- [HOW TO COMPLETE THIS TASK] The lines to retype are the one with "Luminaire input power: 51 W" and all that follow it to the end of the entries below; copy them exactly and nothing else.

Data records:
= Beginning of Section =
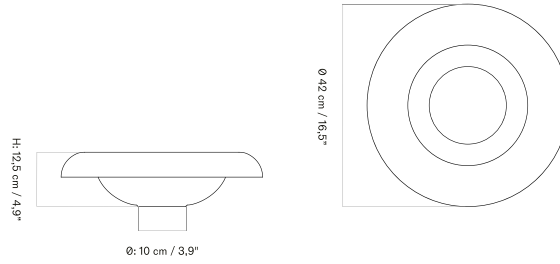

ROND BOWL
Designed by *Colin King Studio LLC*

[BACK TO START](#)

The Rond Bowl is a sculptural object crafted from beech wood and is food-approved.

ROND BOWL - *Prices in EUR*

Stock Item

MASTER SKU	PRODUCT	PRICE
71045-000895	Beech	365
Fact sheet		* 305,44

Rond Bowl
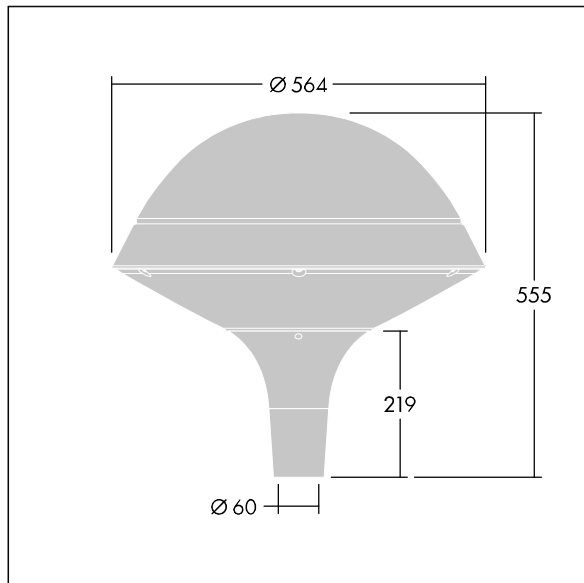

Plurio

THORN

96668700 PLI R 24L70-722-40 R/S T60 CL1 ANT

Plurio

Plurio Indirect: A decorative post-top LED lantern with radially symmetric distribution. LED driver with 24 LEDs driven at 700mA. Class I electrical, IP66, IK08. Base: cast aluminium, powder coated anthracite (close to RAL7043). Canopy: round shape, aluminium, textured anthracite (close to RAL7043). Diffuser: UV stabilised, clear polycarbonate with anti-glare prisms. Indirect, reflector based optic. Complete with 2200-4000K NightTune LEDs. Post top mounting to Ø60mm column.

Upward lighting emissions below 1%.

Dimensions: Ø564 x 555 mm
Luminaire input power: 51 W
Luminaire luminous flux: 5386 lm
Luminaire efficacy: 106 lm/W
Weight: 9.5 kg
Scx: 0.191 m²

TLG_PLRL_F_IRC_ANT.jpg
= End of Section =
- [ANSWER TO THIS PROBLEM]
Luminaire input power: 51 W
Luminaire luminous flux: 5386 lm
Luminaire efficacy: 106 lm/W
Weight: 9.5 kg
Scx: 0.191 m²

TLG_PLRL_F_IRC_ANT.jpg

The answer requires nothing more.